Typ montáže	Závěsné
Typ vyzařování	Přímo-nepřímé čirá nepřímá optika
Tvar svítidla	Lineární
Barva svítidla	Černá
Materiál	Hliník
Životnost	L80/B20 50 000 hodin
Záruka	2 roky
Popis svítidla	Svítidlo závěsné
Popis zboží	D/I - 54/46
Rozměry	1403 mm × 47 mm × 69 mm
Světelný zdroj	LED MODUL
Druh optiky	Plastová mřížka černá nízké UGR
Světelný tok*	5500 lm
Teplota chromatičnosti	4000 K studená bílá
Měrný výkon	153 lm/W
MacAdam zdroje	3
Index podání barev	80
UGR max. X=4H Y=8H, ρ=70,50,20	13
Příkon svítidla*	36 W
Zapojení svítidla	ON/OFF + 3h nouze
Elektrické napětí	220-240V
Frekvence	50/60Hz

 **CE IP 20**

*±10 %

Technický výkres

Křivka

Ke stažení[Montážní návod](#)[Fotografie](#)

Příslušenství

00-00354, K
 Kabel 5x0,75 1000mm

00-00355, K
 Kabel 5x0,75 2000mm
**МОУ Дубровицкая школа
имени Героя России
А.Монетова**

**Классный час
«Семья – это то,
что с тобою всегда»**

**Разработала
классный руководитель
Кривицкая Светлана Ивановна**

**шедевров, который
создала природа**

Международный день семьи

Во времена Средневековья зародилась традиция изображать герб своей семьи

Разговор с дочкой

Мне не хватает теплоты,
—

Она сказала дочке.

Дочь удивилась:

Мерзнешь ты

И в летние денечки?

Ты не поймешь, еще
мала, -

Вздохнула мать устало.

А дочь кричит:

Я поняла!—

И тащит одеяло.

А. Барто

────────────────────

* Task instructions:
Return the lines exactly as they stand, please. Start at the top of the material and finish with the line where "Во времена Средневековья" appears.

* Reply:
Typ montáže	Závěsné
Typ vyzařování	Přímo-nepřímé čirá nepřímá optika
Tvar svítidla	Lineární
Barva svítidla	Černá
Materiál	Hliník
Životnost	L80/B20 50 000 hodin
Záruka	2 roky
Popis svítidla	Svítidlo závěsné
Popis zboží	D/I - 54/46
Rozměry	1403 mm × 47 mm × 69 mm
Světelný zdroj	LED MODUL
Druh optiky	Plastová mřížka černá nízké UGR
Světelný tok*	5500 lm
Teplota chromatičnosti	4000 K studená bílá
Měrný výkon	153 lm/W
MacAdam zdroje	3
Index podání barev	80
UGR max. X=4H Y=8H, ρ=70,50,20	13
Příkon svítidla*	36 W
Zapojení svítidla	ON/OFF + 3h nouze
Elektrické napětí	220-240V
Frekvence	50/60Hz

 **CE IP 20**

*±10 %

Technický výkres

Křivka

Ke stažení[Montážní návod](#)[Fotografie](#)

Příslušenství

00-00354, K
 Kabel 5x0,75 1000mm

00-00355, K
 Kabel 5x0,75 2000mm
**МОУ Дубровицкая школа
имени Героя России
А.Монетова**

**Классный час
«Семья – это то,
что с тобою всегда»**

**Разработала
классный руководитель
Кривицкая Светлана Ивановна**

**шедевров, который
создала природа**

Международный день семьи

Во времена Средневековья зародилась традиция изображать герб своей семьи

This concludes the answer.